Regency Petroleum IPO gets tenfold increase in valuation Loop Jamaica
Black Immigrant Daily News
Regency Petroleum Co. Limited (RPL) says it is going for at least two per cent of the market in the household-cooking gas sector between the Kingston metropolitan region and St Catherine within the first year of its planned expansion into the space.
The company, which signalled its intention to list on the Junior Market of the Jamaica Stock Exchange, has now released its prospectus and will be inviting applications for shares between November 24 and December 8.
Regency Petroleum started in 2018 and generated $45 million in sales in its first year and grew to over $600 million in its 2021 financial year. That equated to a compounded annual growth of 268 per cent, the prospectus noted.
The IPO capitalisation at $1.44 billion is ten times the present value of its capital at $111 million up to June 2022. Regency Petroleum, with its compound growth rate and profit margin at 19 per cent in 2022, should grow its value over time. That, however, remains to be seen in its future financials.
Regency made a $59 million net profit over 12 months to December 2021 and $39 million over six months to June 2022.
The company hired GK Capital as its broker to raise $287 million in its IPO.
A successful IPO would result in the company liquidating its debt at approximately $160 million. In addition to debt reduction, $75 million will go towards the construction of its Paradise Pen service station in support of the automotive segment. Then $30 million will go to the expansion of its cylinder business to meet growing demand.
This new service station will incorporate modern technology and equipment and feature a state-of-the-art convenience store. Construction is expected to be completed by the end of 2022 with the location set to open by the end of the first quarter of 2023.
As for the cooking gas market, Williams told Loop News: “Currently, we are only on the western side of the island – Westmoreland, St Elizabeth, parts of Handover and St James, which in proportion to the entire island, I don’t think we have reached one per cent as yet”.
The company’s current footprint is “good” and leaves a lot of room for growth,” he said.
But with the targeted areas representing about seven per cent of the entire market for household gas, according to Williams’ guesstimate, RPL has much more room to grow and expand.
“For two [to three] parishes to make up seven per cent of the market, we are hoping to capture at least two per cent in the first year,” he said.
Regency Petroleum CEO Andrew Williams
RPL has been inspired to enter the eastern side of the island due to the density of the population, the CEO said.
The population there is [more] concentrated than any other part of the island. We can be very competitive in the corporate area… when it comes unto LPG,” Williams said.
RPL is now looking for land to buy in Kingston for a fourth gas station and will set up a distribution site for its cooking gas segment, he said.”For logistics, when we set up a location there, it will be more optimal for us, considering the density of the areas,” he said.
The company currently supplies bulk Liquefied Petroleum Gas (LPG) to established bakeries, restaurants, and hotels island-wide and has seen consistent growth in this business segment amid increasing demand.

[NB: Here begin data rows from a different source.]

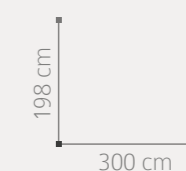

MESA CENTRO

ACABADO: PIEDRA / 110 x 50 x 60 cm
PUNTOS: 291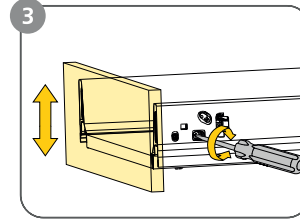

1

2

Demontering låda

3

4

Justering låda

5

6

7

Installationsmått Slim 60, 80, 100, 120 Kortling / El / Avlopp

Mått gäller med tvättställ Victoria/Glashandfat.

För pålligande sänk alla mått med porslinets höjd.

Crystal 52/45 -12cm

Crystal 47/40 -17cm

Diamante/Zero -18cm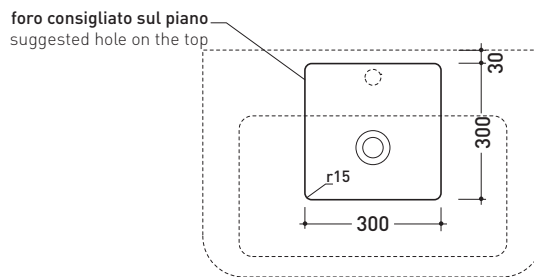

Accessori tecnici: Sifone cromo (SIFL/CR) - Sifone oro (SIFDR)
Piletta Stop & Go (PLSG)
Piletta Stop & Go in ceramica (PLCE)
Set 2 pezzi rubinetto filtro cromo (RF026)
Kit fissaggio parete (9002)

Dim. Imballo | Peso **24,8 kg** | Pz. Pallet n° 12

CE UNI EN 14688 - CL20 Dop-No14688

vista zenitale / zenital view

vista zenitale / zenital view

vista frontale / frontal view

sezione longitudinale / section

dimensioni in mm

Le misure dimensionali riportate hanno una tolleranza del 2%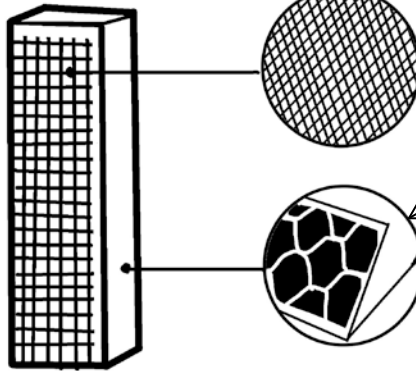

防音は近隣への環境配慮の一つ重要な対策！

工場から出る騒音は周辺環境への悪影響だけではなく、工場内で働く人の健康にダメージを与えることもあります。従来、工場の防音パネルは分厚いグラスウールを重い有孔ボードで挟む方法が一般的で、組立に専門業者が必要であり、移動するには解体が必要で再利用が困難でした。今回ご案内の物はアルミ素材を活用して重さが約1/2になり、加工も丸鋸でカットできるので自作も可能な製品です。ご自宅でも如何でしょうか。 出野

環境対策に吸音パネル！

吸音パネル “一人静タイプA”

人にも環境にも優しい

- ・工場の防音
 - ・音楽家のスタジオ防音
 - ・幼稚園の近隣への防音
- などに使われる優れ物！

アルミ繊維で
反射の少ないメッシュ構造

ハニカム構造のアルミ材に
発泡樹脂を充填して吸音

吸音のメカニズム

薄型軽量なので工期も大幅に短縮！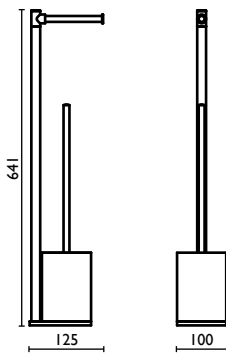

PI 634

Piantana con porta rotolo e porta scopino h 64 cm.
Standing with toilet roll holder and toilet brush holder h 64 cm.
Porte-papier et porte-balai sur pied h 64 cm.
Handtuchständer mit Papierrollenhalter und Toilettenbürsten-Garnitur h 64 cm.
Стойка напольная с бумагодержателем и ёршиком, h 64 см.

Indicata per serie - Matching with series - Rattachée à series - Geeignet für die serie - Подходит для серии
TUTTE; ALL; TOUTES; ALLE; ВСЕ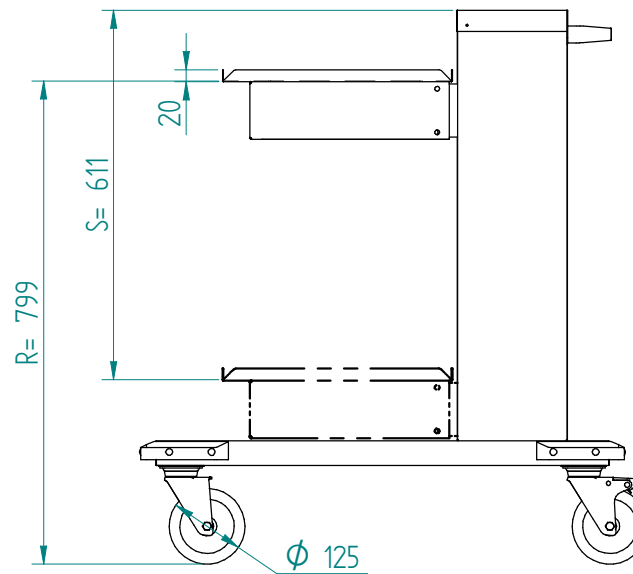

Stapelaar:

60.3770

OX-MS/D

Afmetingen:

A x B = wagen, excl. stoothoeken

E x F = wagen incl. stoothoeken

L x b = platform

H = wagen hoogte

R = afstapelhoogte

S = effectieve stapelhoogte

gewicht (leeg): 29 kg

NL

VR :

IR :

MOBILE CONTAINING

4 zwenkwielen, 2 met rem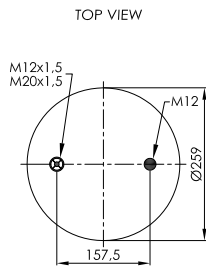

ABM 520 30 F 11

PLASTIC PISTON

OE NUMBER

SAF 3.229.1043.00

MAX. TORQUE

M 12x1,5 - 20 Nm
M 20x1,5 - 40 Nm
M 12 - 40 Nm
M 16 - 90 Nm

Williams has his sights set on areas such as Portmore, among others, for the expansion of RPL’s cooking gas LNG segment.
Though it plans to expand its bulk business, it is targeting the expansion of the cooking gas business first, Williams said.
RPL now sells 25lbs and 100lbs cylinders but is awaiting approval for a smaller 12lbs cylinder and sees this product coming onstream “within a year.”
The company is 100 per cent owned by Williams, who intends to sell 20 per cent of the company. That would move the total shareholding from 1.148 billion units to 1.435 billion units each at $1.00 a share after a fully subscribed offer.
The new shares issued to the general public at 287 million units are apportioned that the general public can subscribe to 40.2 per cent, with reserved shares accounting for the balance or 59.8 per cent.
Within the reserved shares, GK will get one-third for themselves, RPL employees and key strategic partners at one-fifth, and the rest towards housekeeping.
“This move should assist the company in optimizing its capital structure for further growth and enhance free cash flow,” Vice President of Investor Relations at GKCM, Ryan Strachan, said.
The company will be listed on the Junior Market.